Após o relato, os agentes retornaram à casa da vítima onde encontraram o suspeito dormindo. Ele foi preso em flagrante, sem resistência à prisão. Também foi apreendida a faca usada nas ameaças e aparelhos celulares. 

A mulher apresentava lesões como hematomas pelo corpo, sendo encaminhada para atendimento médico. O autor do crime se encontra na Delegacia de Polícia Civil. 

Tornozeleira para agressores de mulheres

Foi aprovado na última quarta-feira (18) pelo Senado Federal, o Projeto de Lei que permite à Justiça a determinação do uso imediato de tornozeleira eletrônica por agressores de mulheres em situação de violência doméstica e familiar, quando verificado alto risco à vida. 

Pelo projeto, a imposição imediata do uso da tornozeleira passa a ser regra. O risco a ser avaliado deve ser atual ou iminente à vida e à integridade física ou psicológica da mulher ou de seus dependentes. 

Além destes casos, a imposição da tornozeleira também será prioridade nos casos em que houver descumprimento de medidas protetivas impostas anteriormente. 

O texto também determina que, quando aprovado o uso da tornozeleira, a mulher vítima deve receber um dispositivo portátil de rastreamento que alerte sobre eventual aproximação do agressor. 
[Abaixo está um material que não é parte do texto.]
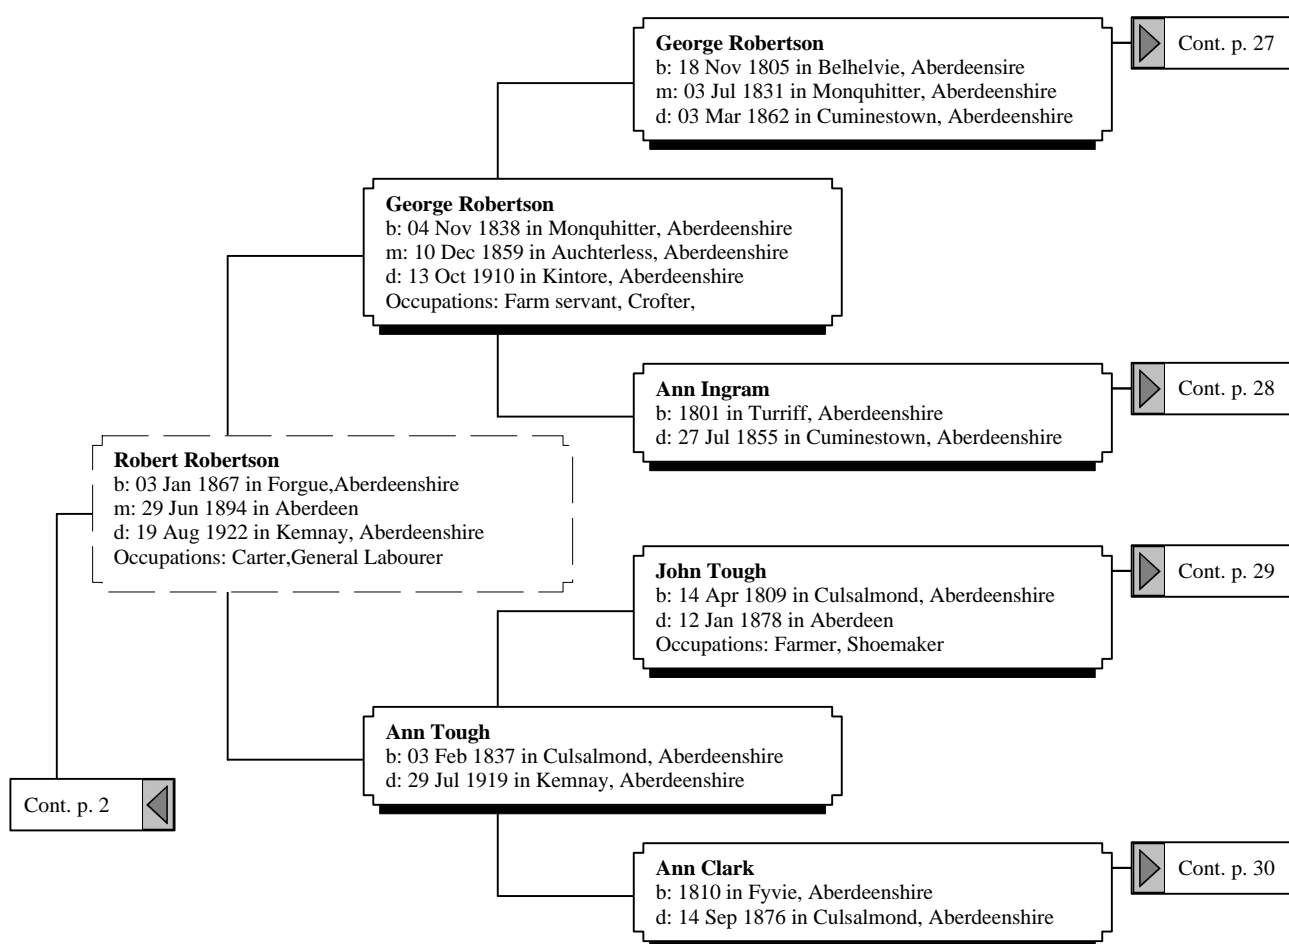

# Ancestors of Gary Robert Anderson & Dawn Cynthia Anderson

2nd Great-Grandparents

3rd Great-Grandparents

4th Great-Grandparents

# *Ancestors of Gary Robert Anderson & Dawn Cynthia Anderson*

2nd Great-Grandparents

3rd Great-Grandparents

4th Great-Grandparents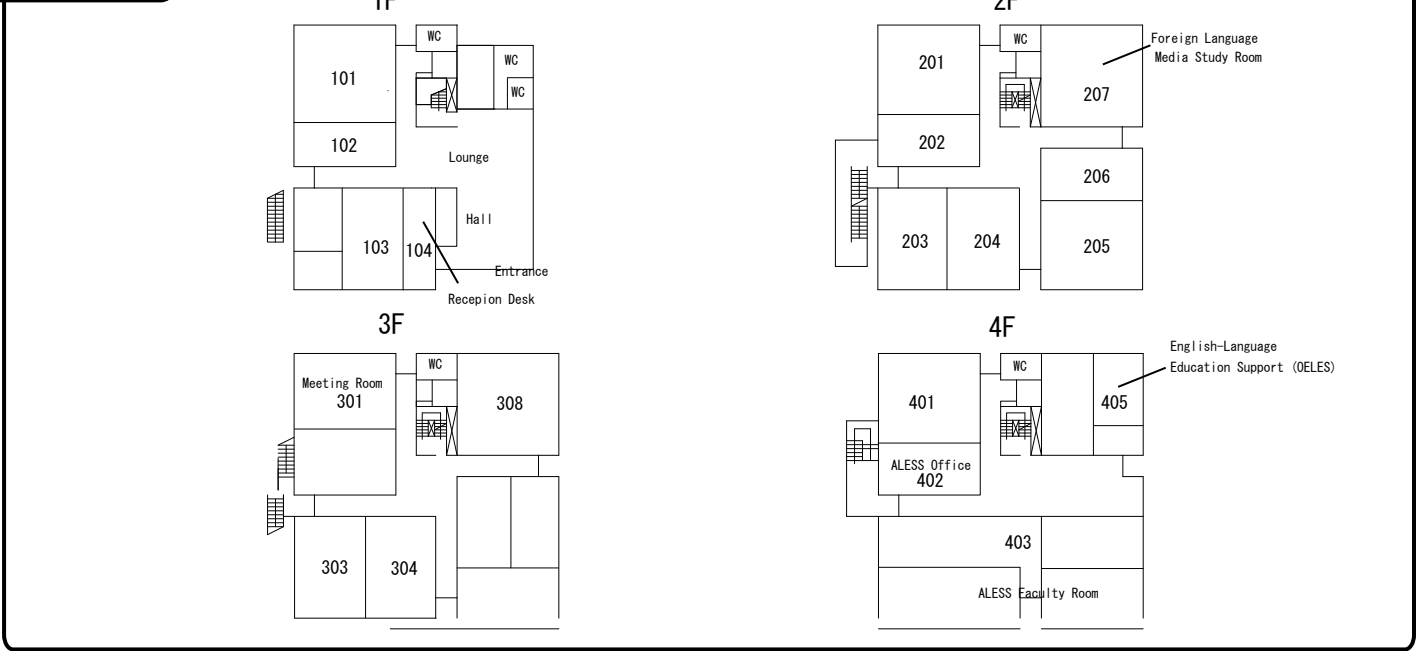

The University of Tokyo, Komaba I Campus Map

Classrooms	Buildings
101 ~ 192	Bldg. 1
511 ~ 534	Bldg. 5
721 ~ 762	Bldg. 7
900	Lecture Theatre
10-101 ~ 10-405	Bldg. 10
1101 ~ 1109	Bldg. 11
1211 ~ 1233	Bldg. 12
1311 ~ 1341	Bldg. 13
KALS	Bldg. 17
E21 ~ E49	Info. Edu. Bldg.
K101 ~ K502	21KOMCEE West
K011 ~ K214	21KOMCEE East
Experimental Labs	21KOMCEE East
Auditorium	Administration Bldg. 3F
Bldg.18 Hall	Bldg. 18 1F
Kendo dojo	Gym 1
Classroom for music	KCP North Bldg
Classroom for performing Arts	KCP North Bldg
General classroom 1 ~ 4	KCP North Bldg
General classroom for	KCP North Bldg
sports training 1,2	
Tatami classroom for sports training 3	

College of Arts and Sciences

Floor map

Bldg 1

Bldg 5

Bldg 7

Bldg 8

Lecture Theatre

Administration Bldg

Bldg 10

Bldg 11

Bldg 12

Bldg 13

Bldg 15

Information Education Bldg

Communication Plaza (North Bldg)

Bldg 16

O aparelho vai emitir um alerta automático e simultâneo para a vítima e para a polícia assim que o agressor romper a área de trânsito proibido. 

Caso a tornozeleira seja rompida ou haja aproximação da vítima, é aumentada a punição de pena em um terço ou metade do tempo de reclusão que, hoje, varia entre 2 a 5 anos, mais multa. 

Denuncie

Em casos de violência doméstica e contra a mulher, é possível realizar denúncia pela Central de Atendimento à Mulher pelo número 180, um serviço gratuito e que funciona 24 horas por dia. 

Também podem ser apresentadas denúncias diretamente na Delegacia Especializada de Atendimento à Mulher (Deam), em delegacias comuns e na Casa da Mulher Brasileira. 

Ainda é possível pedir ajuda pelo Disque 100 e pelo 190, número da Polícia Militar.